Russland ist unendlich groß, es hat mehrere Klima- und Vegetationszonen. Ca. 148 Mil. Menschen leben dort. Ein Land mit interessanten Menschen, die voll herzlicher Gastfreundschaft sind. Es ist aber auch ein Land mit großen wirtschaftlichen, sozialen und ethnischen Problemen. Denn ca.100 Mill. Russen leben unter der Armutsgrenze. Mit uns Deutschen verbindet sich eine wechselvolle und tragische Geschichte, an vielen Kriegsdenkmälern mit Ehrenwachen überall im Land sichtbar.
Seit 15 Jahren ist Russland auf dem langen Weg zu Demokratie und Menschenrechten, ein Land, das erst langsam lernt, den Wert und die Würde des Menschen zu verstehen und sich der persönlichen Not seiner Bewohner anzunehmen.

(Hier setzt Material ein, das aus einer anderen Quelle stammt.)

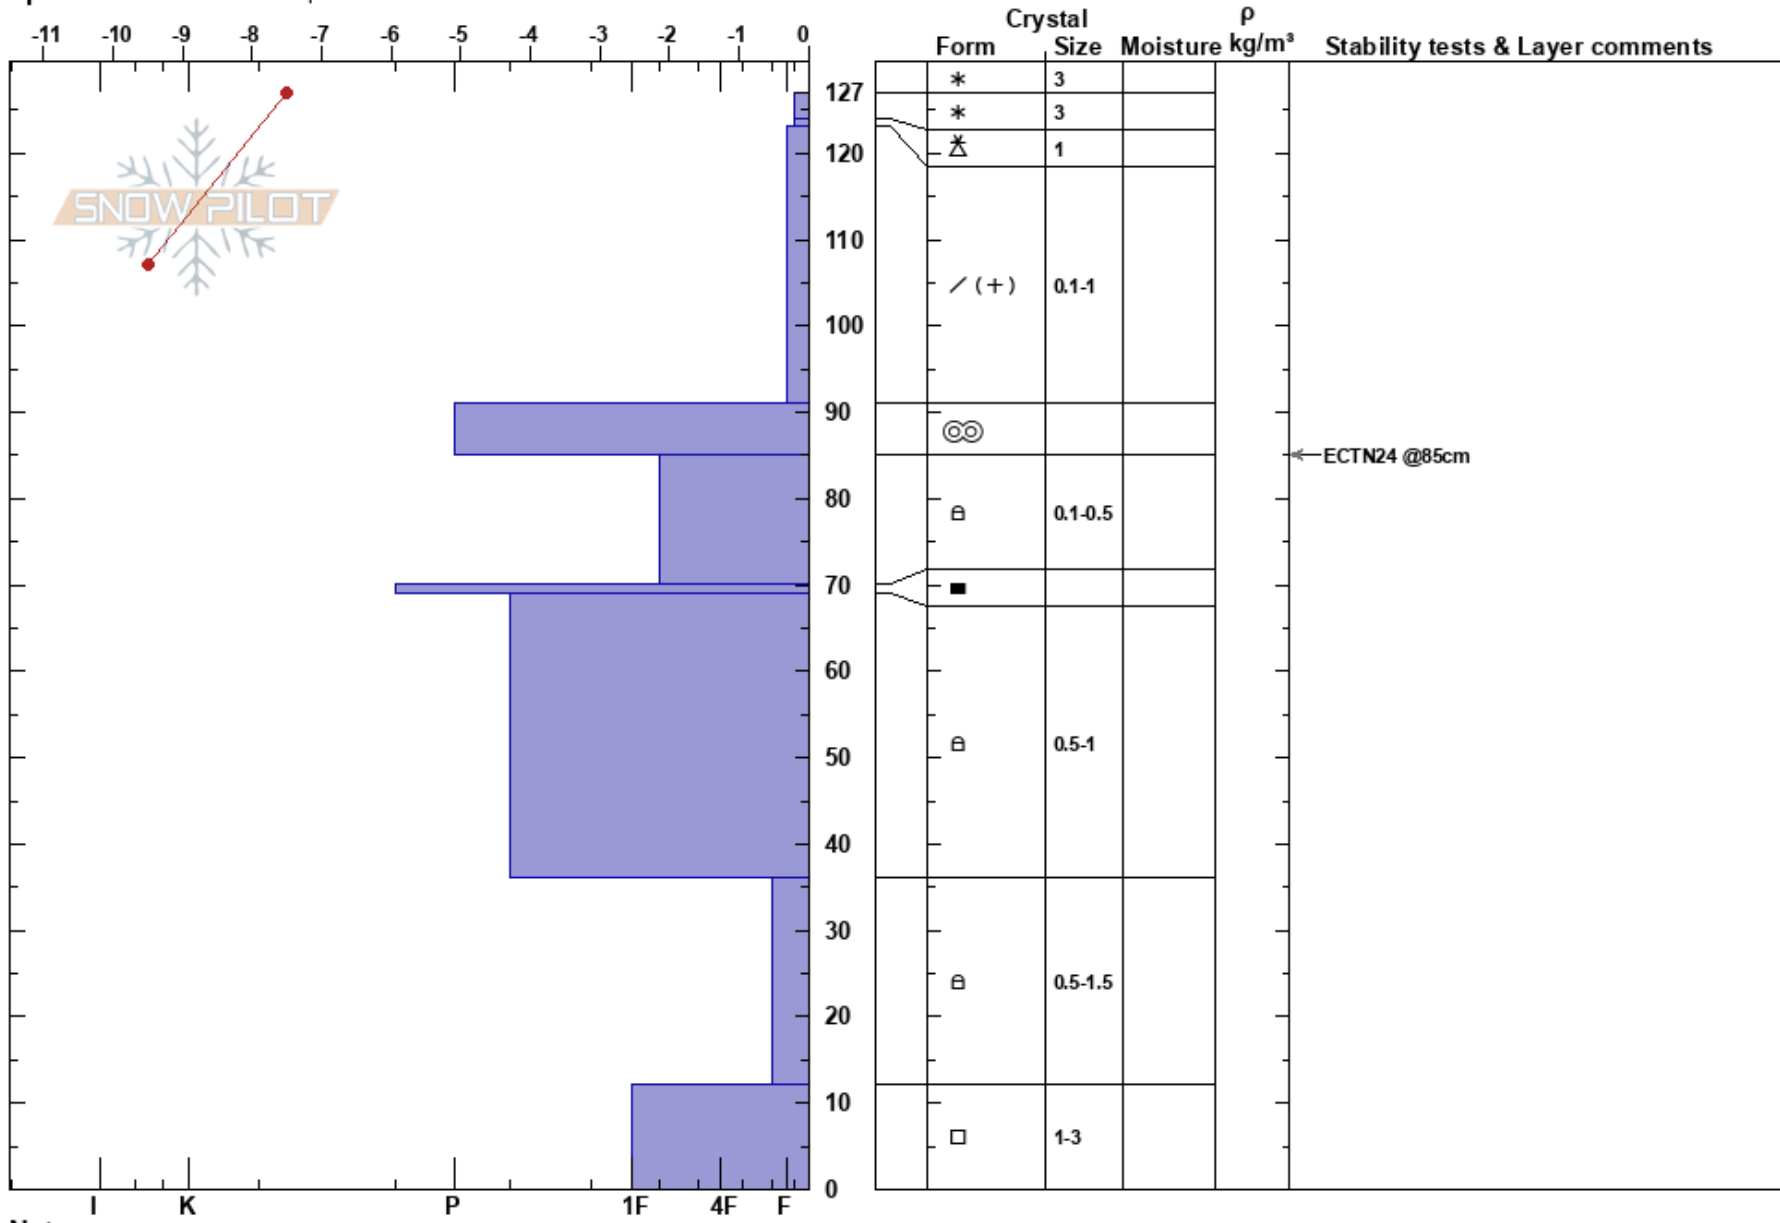

Mt. Fuji NW  
 Bitterroot  
 MT  
 Elevation: 6011 ft  
 Aspect: NW

Payton Schiff  
 02/10/2024 - 12:07pm  
 Co-ord: 11T 686605W 5165953N  
 Slope Angle: 24°  
 Wind Loading: no

Stability: **HS:127**    Layer Notes:  
 Air Temperature: -10°C  
 Sky Cover: BKN  
 Precipitation: NO  
 Wind: W Calm

Specifics: Ski tracks on slope

Notes:

Behinderte sind besonders hart betroffen. Ihrer noch immer verlorenen Situation nehmen sich tatkräftige Menschen in
Dubna (120 km nordwestlich von Moskau) an, zu denen die russische Malteser Gruppe gehört. Ein Netzwerk aus sozialen, musischen und wissenschaftlichen Gruppen bzw. Einrichtungen drüben wie hier möchte mithelfen, Behinderten ihren berechtigten Platz in der russischen Gesellschaft zu erkämpfen.
Möge aus dem neuen Schulprojekt
eine lebendige Partnerschaft mit vielen Begeisterten und persönlichen Kontakten werden, um Schulausbildung, Therapie, Familienhilfe, Völkerverständigung und vieles mehr zu ermöglichen.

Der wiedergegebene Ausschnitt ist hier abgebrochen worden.